» **What is expected**
Output all entries precisely and leave out the pictures.

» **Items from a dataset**
• • • •

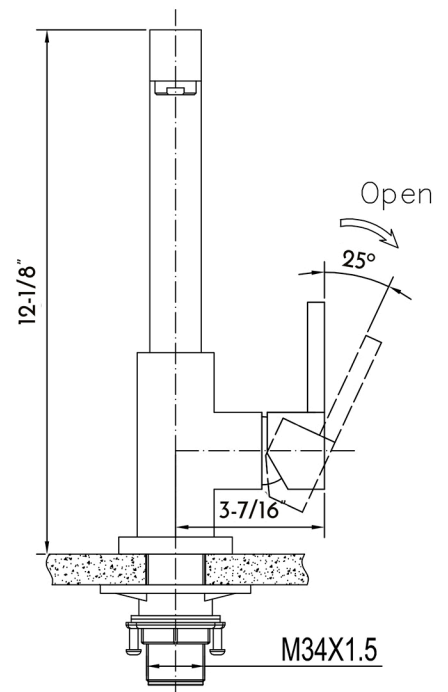

DAX-12072-BN

KITCHEN FAUCETS SERIES

www.daxib.com

FEATURES

- Single Lever
- Brushed Nickel finish
- Pull Out Spout
- Flow Rate: 1.75 GPM
- UPC Approved

KITCHEN FAUCET **DAX-12072-BN**

MODEL	DAX-12072-BN
MATERIAL	304 Stainless Steel
FINISH	Brushed Nickel
HEIGHT	12-1/8"
SPOUT HEIGHT	-
SPOUT REACH	9.09"
FLOW RATE	1.75 GPM
HOT COLD INDICATORS	Yes
DECK PLATE INCLUDED	No
COMPATIBLE VALVE TYPE	Ceramic Cartridge
HANDLE STYLE	Single Lever
NUMBER OF HANDLES	One
HOSE LENGHT	23-5/8"
FAUCET HOLES	One
FAUCET HOLE SIZE	1-3/8"
INSTALATION TYPE	Sink Mounted
SPOUT SWIVEL	Yes
MAX DECK THICKNESS	1-15/16"
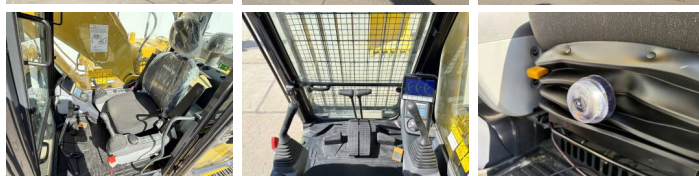

Descrição

Available at Boss Machinery! This Komatsu PC210LC-10M0 Excavators from 2026 has an engine power of 123 kW and counts 6 operational hours. The total weight of this Komatsu PC210LC-10M0 is 22000 kg and the dimensions are 9.75 x 3.00 x 3.20. Furthermore, this PC210LC-10M0 is equipped with Bluetooth, Air Suspension Seat, Radio, Climate Control, Airco, Função hidráulica extra, Função do martelo. The Komatsu Excavators also has a NOT FOR SALE IN EU / NO CE MARK marking. Do you want more information or do you want to try the Komatsu PC210LC-10M0 at our yard? Please let us know.

Opties

Bluetooth

Air Suspension Seat
Radio
Climate Control
Airco
Função hidráulica extra
Função do martelo

• • • •

» **The completed task**
DAX-12072-BN

KITCHEN FAUCETS SERIES

www.daxib.com

FEATURES

- Single Lever
- Brushed Nickel finish
- Pull Out Spout
- Flow Rate: 1.75 GPM
- UPC Approved

KITCHEN FAUCET **DAX-12072-BN**

MODEL	DAX-12072-BN
MATERIAL	304 Stainless Steel
FINISH	Brushed Nickel
HEIGHT	12-1/8"
SPOUT HEIGHT	-
SPOUT REACH	9.09"
FLOW RATE	1.75 GPM
HOT COLD INDICATORS	Yes
DECK PLATE INCLUDED	No
COMPATIBLE VALVE TYPE	Ceramic Cartridge
HANDLE STYLE	Single Lever
NUMBER OF HANDLES	One
HOSE LENGHT	23-5/8"
FAUCET HOLES	One
FAUCET HOLE SIZE	1-3/8"
INSTALATION TYPE	Sink Mounted
SPOUT SWIVEL	Yes
MAX DECK THICKNESS	1-15/16"

Descrição

Available at Boss Machinery! This Komatsu PC210LC-10M0 Excavators from 2026 has an engine power of 123 kW and counts 6 operational hours. The total weight of this Komatsu PC210LC-10M0 is 22000 kg and the dimensions are 9.75 x 3.00 x 3.20. Furthermore, this PC210LC-10M0 is equipped with Bluetooth, Air Suspension Seat, Radio, Climate Control, Airco, Função hidráulica extra, Função do martelo. The Komatsu Excavators also has a NOT FOR SALE IN EU / NO CE MARK marking. Do you want more information or do you want to try the Komatsu PC210LC-10M0 at our yard? Please let us know.

Opties

Bluetooth

Air Suspension Seat
Radio
Climate Control
Airco
Função hidráulica extra
Função do martelo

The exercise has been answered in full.